Очаровательный повеса - Элизабет Хойт
Шрифт:
Интервал:
Закладка:
В черных глазах полыхнул гнев:
– Вы прикоснулись к ней.
Но Аса не собирался сдаваться.
– Да, и что? Я же не причинил ей боли.
– Это не важно, – холодно заметил Жан-Мари. – Вашего прикосновения – как прикосновения любого мужчины – достаточно, чтобы привести ее в такое состояние.
– Проклятье! Но ты ведь тоже мужчина! – прорычал Аса. – И ничего, она не падает в обморок.
Губы Жана-Мари дернулись.
– Я ее друг, у меня есть жена, и уже много лет мы рядом с ней. Я охраняю ее и сумел завоевать доверие.
Аса покачал головой, глядя на Эву, сгорбившуюся на стуле. Что ж, по крайней мере не впала в ступор, но на них не смотрела, хотя не слышать их разговора не могла.
– Но почему? – не мог взять в толк Аса. – Что послужило причиной?
– Это не моя история, и не мне вам ее рассказывать, – заявил Жан-Мари и уже взялся за ручку двери, но секунду помедлил и тихо добавил через плечо: – Вам придется спросить ее.
Он вышел в коридор, где его, вероятно, уже кто-то ждал: до Асы донеслись обрывки слов, – почти сразу же вернулся и ласково сказал:
– Пойдем, моя маленькая. Экипаж уже здесь.

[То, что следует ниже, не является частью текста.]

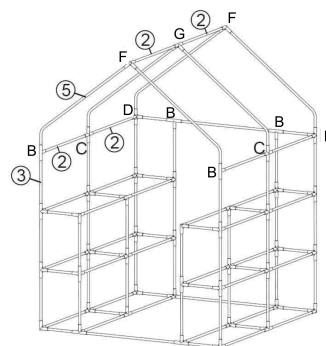

## 3. PLENTY OF SPACE

Provides 8 steel wired shelves, 4 on each side. 23 lbs weight capacity per shelf. Steel wire shelves for holding seed trays, pots and tools. Roll-up door access for entry. Dimensions - Greenhouse 56" Wide x 56" Deep x 77" High. Includes tie down rope and anchors.

# Walk In Greenhouse

Ideal for seed propagation, growing flowers or vegetables

- Easy assembly - no tools required
- Steel tubular construction
- Heavy duty PE cover
- Roll-up door
- Includes 8 plant shelves
- Approx size : 143 (W) \* 143(D) \* 195 (H) cm

NO.	Picture	QTY
①		3
②		30
③		32
④		20
⑤		6
⑥		8
⑦		1
⑧		4
⑨		4
⑩		16
B		4
H		6
C		2
A		6
D		26
G		1
F		2

1

2

3

4

5

6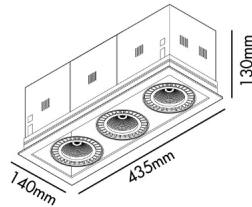

MINI COLIN - 3 is a black cardanic recessed light fixture with a colour temperature of 2700K, CRI95, an angle of 20° and a power of 54 - 75W.

### General characteristics

<b>Fixation</b>	Ceiling
<b>Type</b>	III
<b>IP</b>	23
<b>Horizontal orientation</b>	☺ 20
<b>Power</b>	72W
<b>Cutting size</b>	403x129mm

Аса сжимал и разжимал кулаки, чувствуя себя совершенно беспомощным.
– Вам потребуется больше часа, чтобы добраться до Темзы, переправиться и там уже нанять другой экипаж, до дома.
Жан-Мари посмотрел на него, вскинув бровь.
– Есть идеи получше?
Аса понурился.
– Нет, к сожалению.
Когда лакей вел Эву к двери, она опустила голову, словно смущена, пребывает в замешательстве. Аса сразу почувствовал себя лучше. Любая эмоция лучше, чем ужасная абсолютная пустота
– Я позабочусь о ней, – сказал Жан-Мари.
Аса хотел бы сам отвезти ее домой и попытаться выяснить, что с ней, но у него есть театр, а в нем – вредитель.
Проводив взглядом Жана-Мари и Эву, он отправился на сцену. Этим он займется потом. Сначала надо позаботиться о театре, парке и людях.
А что с ней произошло, он непременно выяснит…
Глава 7
Король указал на хлеб и вино: «Ешь, девочка». Дав села на маленький стульчик, отломила кусочек хлеба и положила в рот, ни на мгновение не забывая смотреть в глаза родителю. Короля это раздражало, и он указал ей на вино: «Пей!» Дав налила себе стакан, по-прежнему не спуская с отца глаз.
И лицо его исказила ярость.
Позже тем же вечером Бриджит Крамб открыла дверь Гермес-Хауса, и, обнаружив на пороге Малколма Маклиша в чрезвычайно взъерошенном состоянии, удивленно отступила. Архитектор часто приходил в особняк, поэтому домоправительница привыкла к нему, хотя обычно он являлся без пятен на сюртуке и строительного мусора в волосах.
– Мне необходимо написать его светлости, – заявил Маклиш, споткнувшись о порог. – Сегодня рухнула проклятая сцена. Одна из танцовщиц погибла.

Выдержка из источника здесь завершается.